Natural and Human Disruptions - Risk 2
Severe weather, which may increase in frequency and intensity due to climate change, could adversely affect our business by damaging our suppliers' or our customers' facilities or communications networks.
A substantial portion of our wholesale distribution and retail networks are located in regions susceptible to severe storms, including hurricanes. A severe storm could damage our facilities or communications networks, or those of our suppliers or our customers, as well as interfere with our ability to distribute motor fuel to our customers or our customers' ability to operate their locations. If warmer temperatures, or other climate changes, lead to changes in extreme weather events, including increased frequency, duration or severity, these weather-related risks could become more pronounced. Any weather-related catastrophe or disruption could have a material adverse effect on our business, financial condition and results of operations, potentially causing losses beyond the limits of the insurance we currently carry.
Natural and Human Disruptions - Risk 3
Terrorist attacks and threatened or actual war may adversely affect our business.
Our business is affected by general economic conditions and fluctuations in consumer confidence and spending, which can decline as a result of numerous factors outside of our control. Terrorist attacks or threats, whether within the United States or abroad, rumors or threats of war, actual conflicts involving the United States or its allies, or military or trade disruptions impacting our suppliers or our customers may adversely impact our operations. Specifically, strategic targets such as energy related assets (which could include refineries that produce the motor fuel we purchase, ports in which crude oil is delivered or attacks to the electrical grid) may be at greater risk of future terrorist attacks than other targets in the United States. These occurrences could have an adverse impact on energy prices, including prices for motor fuels, and an adverse impact on our operations. Any or a combination of these occurrences could have a material adverse effect on our business, financial condition, results of operations and cash available for distribution to our unitholders.
Tech & Innovation
Total Risks: 3/75 (4%)Above Sector Average
Cyber Security2 | 2.7%
Cyber Security - Risk 1
Our business and our reputation could be adversely affected by the failure to protect sensitive customer, employee or vendor data, whether as a result of cybersecurity attacks or otherwise, or to comply with applicable regulations relating to data security and privacy.
In the normal course of our business as a motor fuel, food service and merchandise retailer, we obtain large amounts of personal data, including credit and debit card information from our customers.

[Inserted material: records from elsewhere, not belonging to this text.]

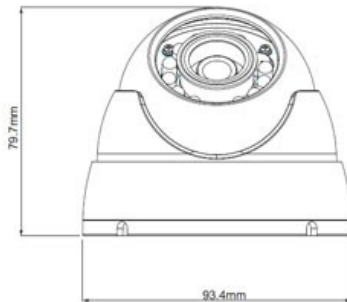

CP- UVC-DM1000L2

1 MP HDCVI IR Dome Camera - 20Mtr.

CP PLUS
CORAL

Main Features

- 1 MP HQIS Pro Image Sensor
- Max 25/30fps@720P
- Day/Night(ICR), AWB, AGC, BLC, 2D-DNR
- 3.6 mm fixed lens
- IR Range of 20 Mtrs.
- High speed, long distance real-time transmission, IP67

CP- UVC-DM1000L2

1 MP HDCVI IR Dome Camera - 20Mtr.

Feature

Image Sensor
Minimum Illumination
Shutter Speed
Lens
Video Streaming
Video Output
ICR
IR
Transmission Distance
Operating Temperature
Power Source
Power Consumption
Weatherproof Standard
Dimension
Weight

Specification

1Megapixel HQIS Pro
0.01Lux@F1.2(AGC ON), 0Lux IR on
1/50s~1/100,000s
3.6 mm fixed lens
720P@25 fps
1-channel BNC HDCVI high definition video output
Auto(ICR)/Color/B/W
IR Range of 20 Mtr.
Over 800m via 75-3 coaxial cable
-30°C~+60°C/ Less than 95%RH (no condensation)
DC12V±20%
Max 2.5W
IP67
Φ93.4mm × 79.7mm
350g

In recent years several retailers have experienced data breaches resulting in exposure of sensitive customer data, including payment card information. While we have invested significant amounts in the protection of our information systems and maintain what we believe are adequate security controls over individually identifiable customer, employee and vendor data provided to us, a breakdown or a breach in our systems that results in the unauthorized release of individually identifiable customer or other sensitive data could nonetheless occur and have a material adverse effect on our reputation, operating results and financial condition. Such a breakdown or breach could also materially increase the costs we incur to protect against such risks. Also, a material failure on our part to comply with regulations relating to our obligation to protect such sensitive data or to the privacy rights of our customers, employees and others could subject us to fines or other regulatory sanctions and potentially to lawsuits. Cybersecurity attacks are rapidly evolving and becoming increasingly sophisticated. A successful cybersecurity attack resulting in the loss of sensitive customer, employee or vendor data could adversely affect our reputation, results of operations, financial condition and liquidity, and could result in litigation against us or the imposition of penalties. Moreover, a security breach could require that we expend significant additional resources to upgrade further the security measures that we employ to guard against cybersecurity attacks. See "Item 1C. Cybersecurity" for additional information on our cybersecurity risk management, strategy and governance.
Cyber Security - Risk 2
Cybersecurity attacks, data breaches and other disruptions affecting us, or our service providers, could materially and adversely affect our business, operations, reputation, and financial results.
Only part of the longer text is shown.